Link Search Menu Expand Document

Harmonizing labour data globally

The Global Labor Database (GLD) aims to create an open-source harmonization project for all household surveys with a significant labour module.

Here you may find a description of the project as well as all information to help you start harmonizing yourself - we would love to have you join!

View it on GitHub


Why would we need a GLD?

Household surveys may vary greatly not only from one country to the next, but also within a country over time. Recall periods may change. Similarly, concepts like the categories of unemployment duration can be coded as “less than a week // more than a week but less than a month // between one month and two months // …” in one country and simply “less than a month // more than a month but fewer than three // …” in another. Thus, a unified standard is necessary to make them comparable.

Moreover, even in cases where the data is harmonized, the harmonization may not serve your particular purpose as you would have needed to add some variables and change the definition of the harmonization slightly to fit your purposes.
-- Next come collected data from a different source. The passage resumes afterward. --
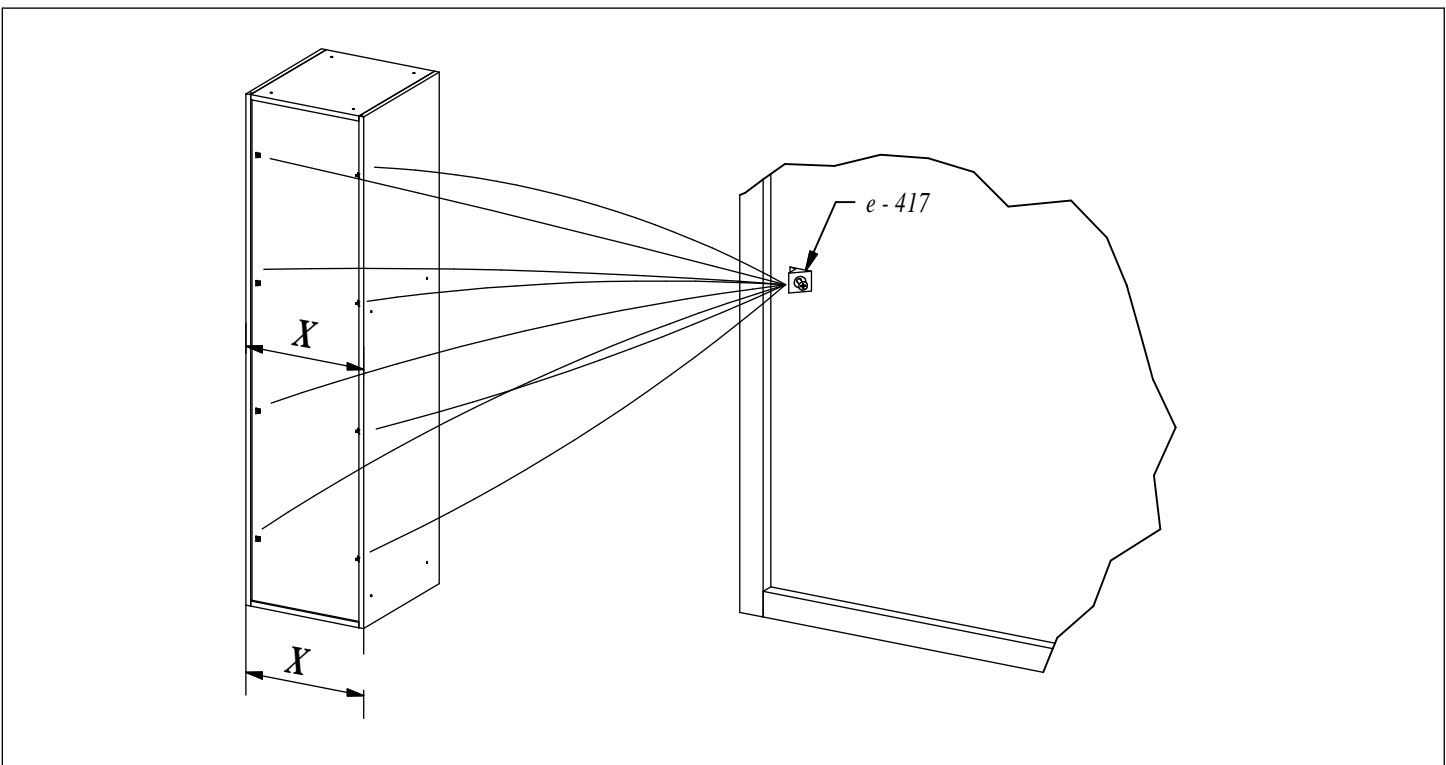

Sleep Varia "24"

1/5

Nr	Sztuk
1	1
2	1
3	2
4	1
5	1
6	1
7	1

e - 001 (x8) 	e - 221 (x8) 	e - 002 (x16)  L-32	e - 120 (x4) 	e - 015 (x5) 	e - 417 (x8) 	e - 023 (x4) 	e - 016 (x10)  4x16
e - 128 (x4)  4x30	e - 300 "A" (x1) 	e - 300 "B" (x1) 	e - 415 (x2)  3x25	e - 420 (x2)  3x16	e - 125 (x1) 	e - 216 (x4)

Yet if the harmonized data is a finished data file, there is little to be done.

Consequently, you may well need to redo the whole harmonization yourself. That is a big investment, one that is inefficient for large projects and potentially prohibitive for smaller ones.

How does the GLD help

This project provides you with the codes for the surveys we harmonized to the standard, comparable data dictionary of the Global Labor Database (GLD). It is based on the data dictionary developed for the World Bank’s Global Monitoring Database (GMD).

This repository does not provide you with the data but rather with the codes so you can run the harmonization yourself and amend and adjust it to your needs without needing to redo the whole process.

The support documentation provides context information on the survey like the sampling strategy followed or which industrial classification was used to identify employment sectors and how these were converted to ISIC codes if the original used a difference classification scheme.

Where did the GLD come from?

The World Bank has for a long time aimed to standardise survey information to allow comparisons across space and time. The World Development Indicators DataBank is an example of such efforts.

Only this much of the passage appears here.